Campus Articles || DBS & *SCAPE || DBS & *SCAPE Financial Literacy # 2
When borrowing money from banks, consider shopping around for the best rates and repayment plans. Most banks will help you determine the amount you are eligible to borrow based on your monthly income and financial assets. Usually, unless you’ve got a full-time job, you will need a guarantor for your loan. Students are not eligible for most loans unless an immediate family member becomes their guarantor.
Basically, there are 4 types of loans:
Further Study Loan
Further study loans cover fees for students pursuing a tertiary education either locally or overseas.
Most banks have a list of approved institutions, and students must be accepted into a programme before the loan can be disbursed. These lists are extremely comprehensive, and can usually be obtained from the banks’ websites.
Some banks, like DBS, feature partnership programmes with local universities, and students of these institutions can obtain preferential interest rates. Also, look out for programmes that allow students who perform well academically to reduce their interest rates by 0.5%.
Automotive loans are meant for the purchase of new and used vehicles.

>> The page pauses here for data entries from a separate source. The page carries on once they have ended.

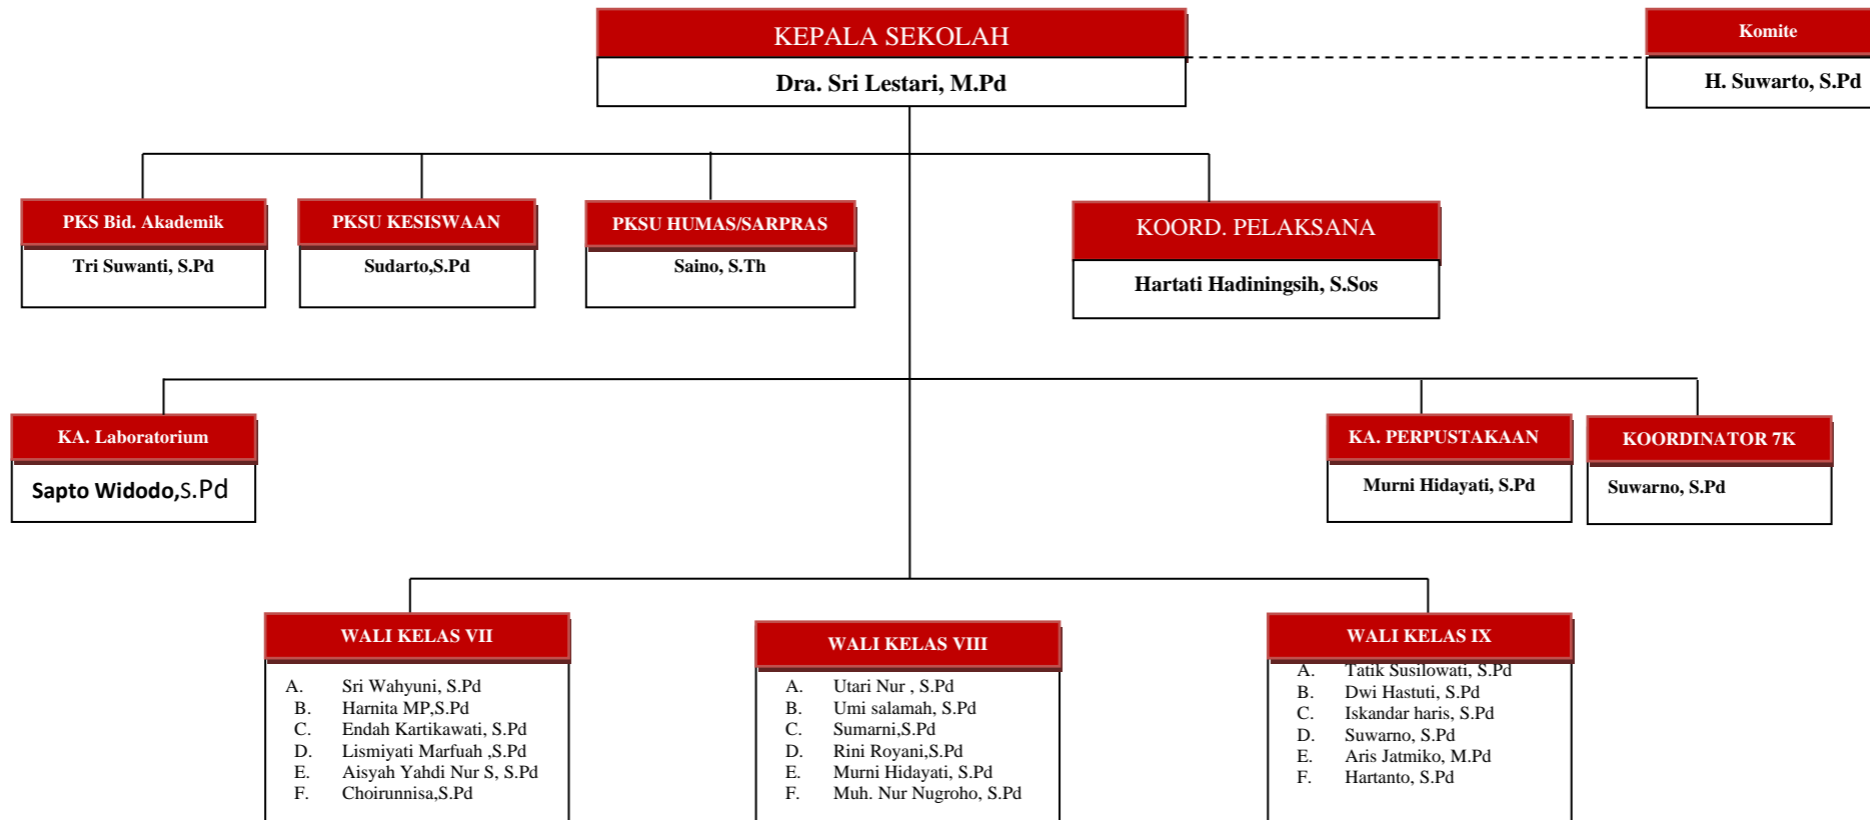

STRUKTUR ORGANIASI SMP NEGERI 1 KEBAKKRAMAT

Gr. Pend. Agama	Gr. PKn	Gr. Bhs. Indonesia	Gr. Bhs. Inggris	Gr. Matematika	Gr. I P A	Gr. I P S	Gr. Seni Budaya	Gr. Penjaskes	Gr. Prakarya	Gr. Bhs. Jawa	Gr. BP/ BK
Choirunnisa, S.Pd	Tatik Susilowati, S.Pd	V. Sri Hastuti., S.Pd	Utari Nurcahyani, S.Pd	Dra. Sri Lestari, M.Pd	Sri Wahyuni, S.Pd.	Endah Kartikawati, S.Pd	Drs. Iskandar Haris	Drs. Daryono	Lismiyati M, S.Pd	Sudarto, S.Pd	Dra. Marheni Sihwigati
M. Nur Nugroho, S.Pd.I	Harnita M.P, S.Pd	Rini Royani, M.Pd	Hartanto, S.Pd	Dwi Hastuti, S.Pd	Tri Suwanti, S.Pd.	Drs. Aris Jatmiko	Mintarsih, S.Pd	Suwarno, S.Pd	Aisyah Yahdi, S.Pd	Aisyah Yahdi NS, S.Pd	Nanda Rahmanto, S.Pd
Saino, S.Th		Asmoro P H, S.Pd.	Sapto Widodo S.Pd	Sumarni, S.Pd.	Umi Salamah, S.Pd	Murni Hidayati, S.Pd					
			Harta Diba agdhila, S.Pd								

Sumber : Peraturan Bupati Karanganyar
 Nomor : 6 Tahun 2009
 Tanggal : 12 Januari 2009

Kebakkramat, 13 Juli 2022
 Kepala SMP Negeri 1 Kebakkramat

Dra. Sri Lestari, M.Pd
 NIP. 19690605 199403 2 007

Before taking out such a loan, you need to consider the peripheral costs that accompany the purchase of a vehicle. These include road tax, insurance fees, parking charges, maintenance and servicing, petrol, and the all-important Certificate of Entitlement, which must accompany all automobile purchases in Singapore.
Personal loans is usually used to help you manage your cash flow, for instance, if you need to make big-ticket purchases, start a business, or if you need cash for emergencies.
Most personal loans can be used in 2 ways:
Line of credit: you just pay the interest on whatever you use and for how long you use it for. Interest rates range from 10-18% per annum, and it’s useful if you are confident that you can repay it in a short term, say, in 1 to 3 months.
Instalment loans: you pay back a fixed amount every month, as it is meant for long term borrowing of around 12 to 60 months.
Property loans go towards funding the purchase of a new home. However, as home loans are long-term expenses, evaluate your monthly costs carefully before committing to one. As a general guide, your monthly long-term repayment commitment should not exceed 40% of your monthly income.
While you have options on repayment tenure, buying a home is a long term commitment. You should consider your repayment ability carefully before taking a property loan.